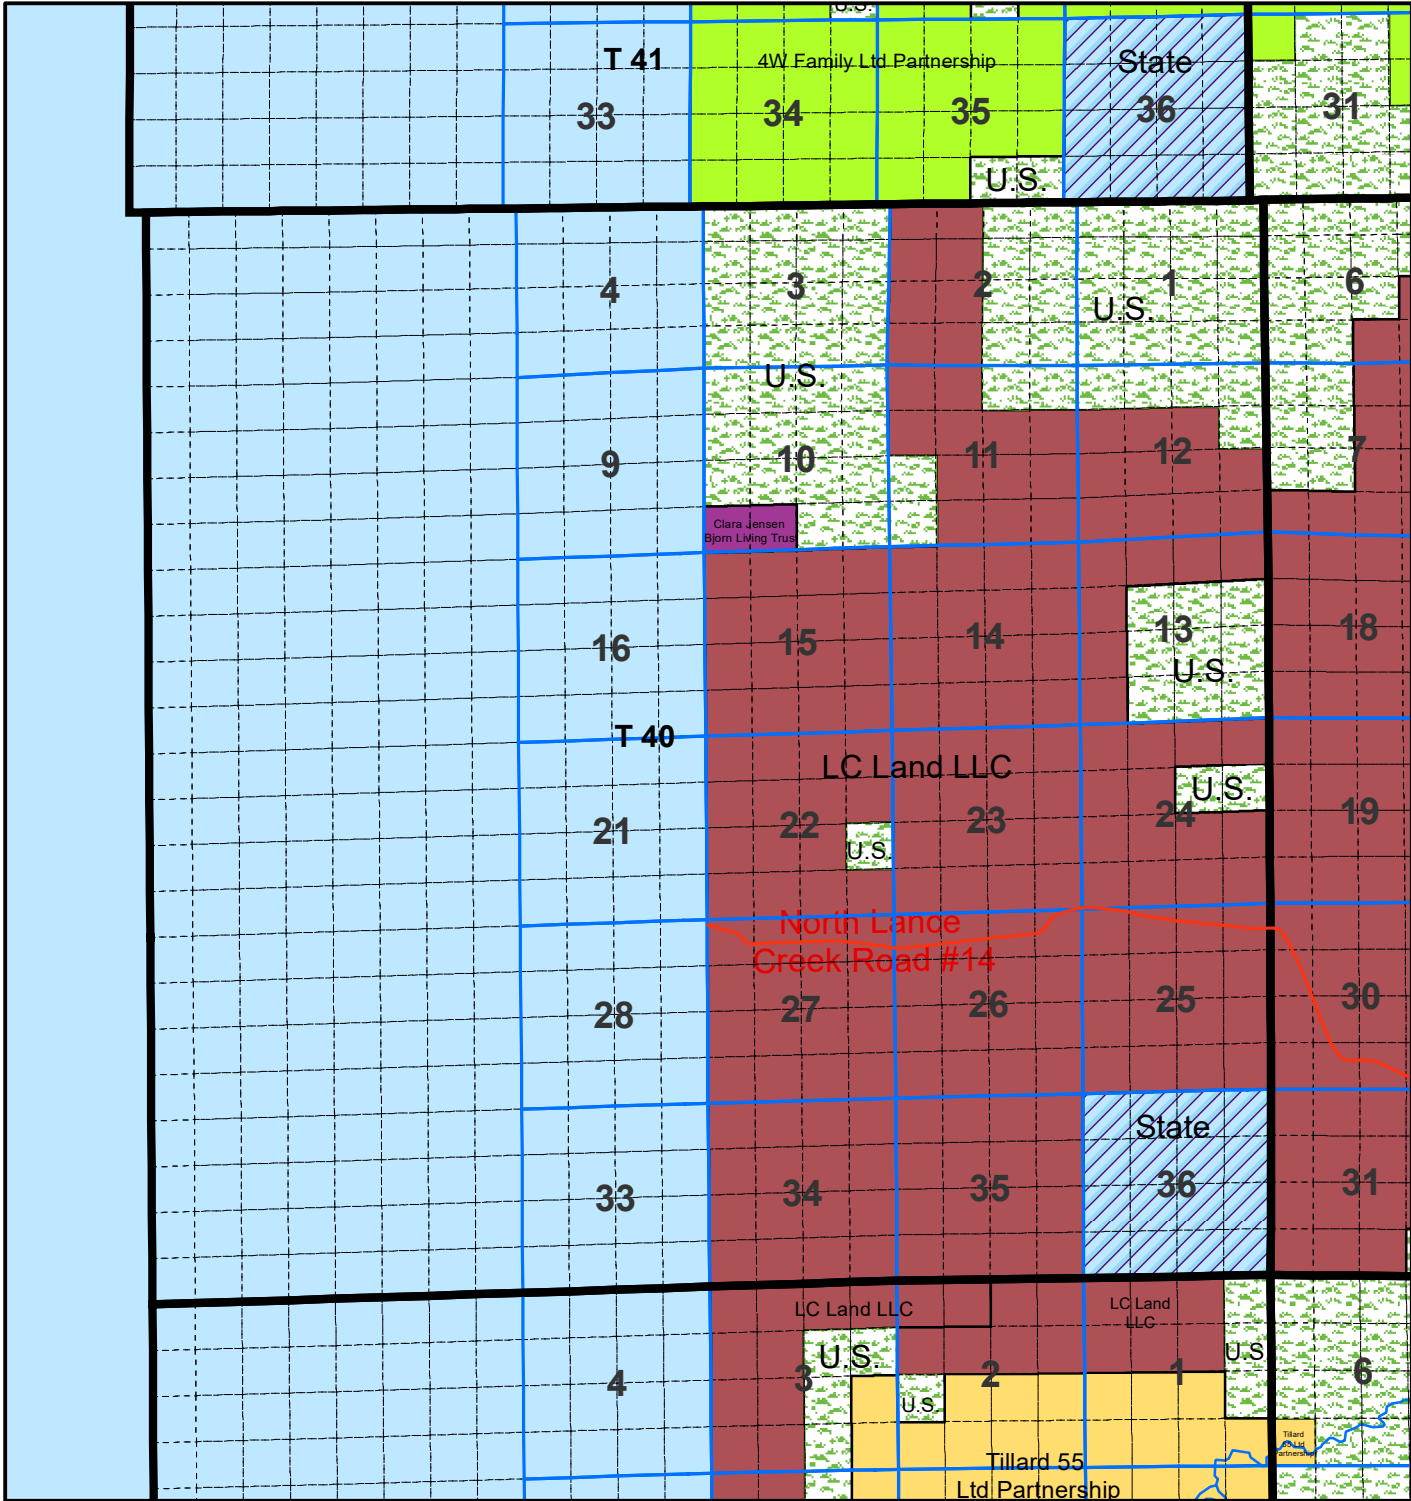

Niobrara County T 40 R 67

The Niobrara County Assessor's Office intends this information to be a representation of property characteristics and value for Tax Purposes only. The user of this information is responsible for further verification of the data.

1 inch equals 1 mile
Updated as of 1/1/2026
_ _ _ _
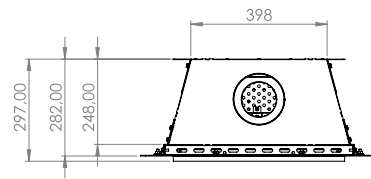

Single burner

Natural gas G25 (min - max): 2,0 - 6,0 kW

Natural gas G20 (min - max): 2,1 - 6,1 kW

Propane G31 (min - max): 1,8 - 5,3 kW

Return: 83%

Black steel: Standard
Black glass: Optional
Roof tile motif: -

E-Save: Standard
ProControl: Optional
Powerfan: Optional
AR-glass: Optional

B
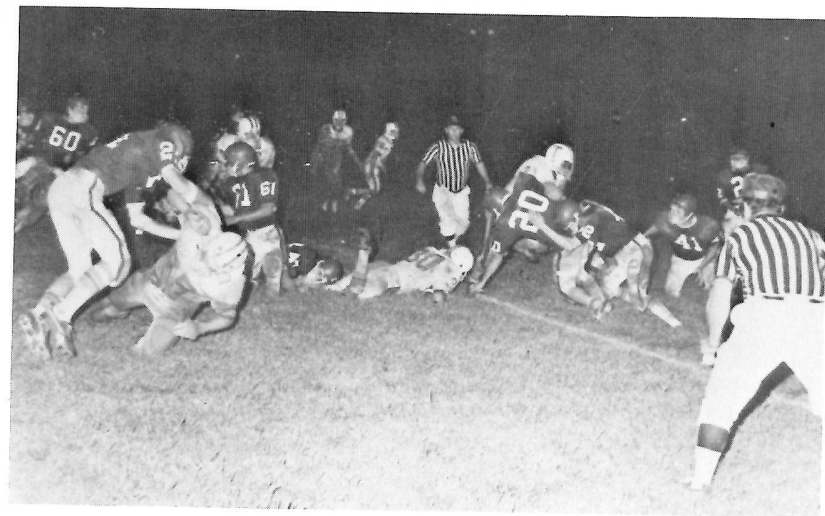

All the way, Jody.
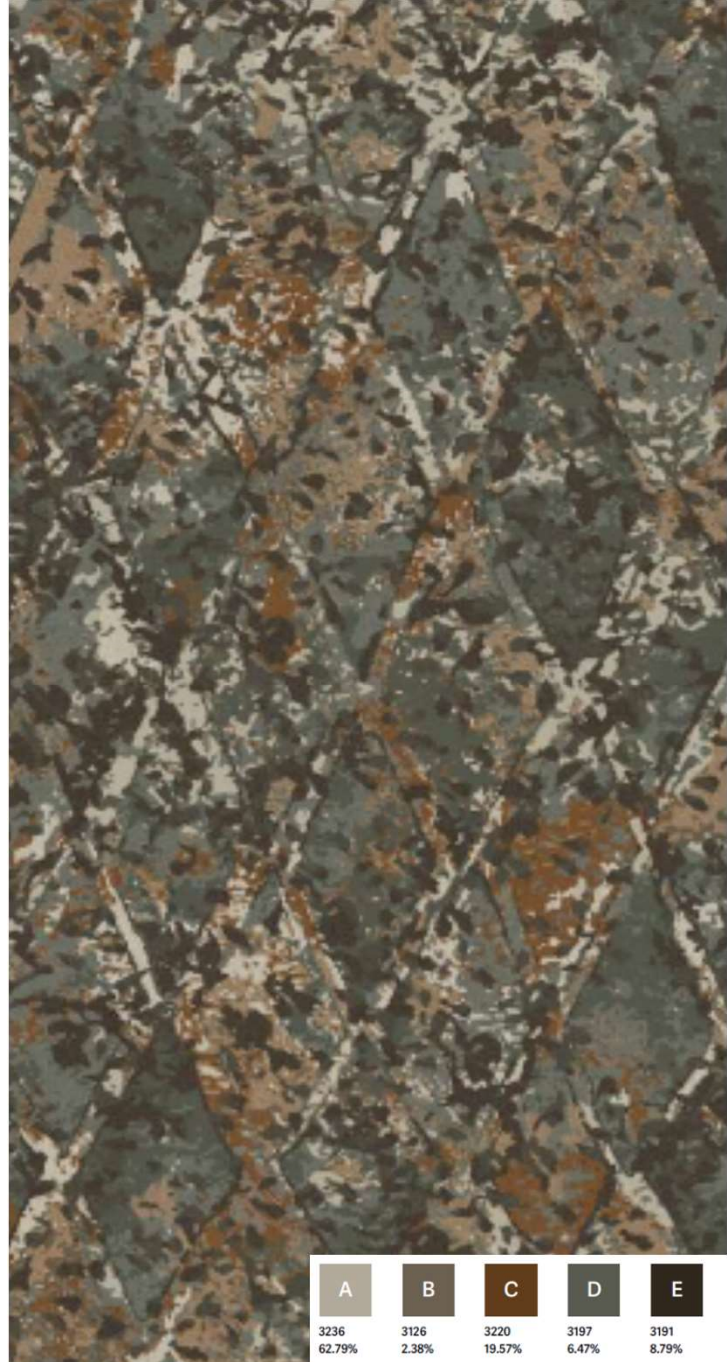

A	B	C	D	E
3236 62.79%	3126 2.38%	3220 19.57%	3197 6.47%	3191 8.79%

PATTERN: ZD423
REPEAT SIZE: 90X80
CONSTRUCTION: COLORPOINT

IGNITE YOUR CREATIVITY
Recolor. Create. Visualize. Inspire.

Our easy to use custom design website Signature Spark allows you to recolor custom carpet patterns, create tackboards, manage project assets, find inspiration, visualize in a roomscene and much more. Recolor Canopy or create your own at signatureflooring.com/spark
_ _ _ _
→ **Task instructions**
Working from the entries above, reproduce exactly and only the lines beginning with the line that has "ProControl: Optional" and ending with the line that has "Our easy to"; omit all pictures.

→ **Exercise response**
ProControl: Optional
Powerfan: Optional
AR-glass: Optional

B

All the way, Jody.

A	B	C	D	E
3236 62.79%	3126 2.38%	3220 19.57%	3197 6.47%	3191 8.79%

PATTERN: ZD423
REPEAT SIZE: 90X80
CONSTRUCTION: COLORPOINT

IGNITE YOUR CREATIVITY
Recolor. Create. Visualize. Inspire.

Our easy to use custom design website Signature Spark allows you to recolor custom carpet patterns, create tackboards, manage project assets, find inspiration, visualize in a roomscene and much more. Recolor Canopy or create your own at signatureflooring.com/spark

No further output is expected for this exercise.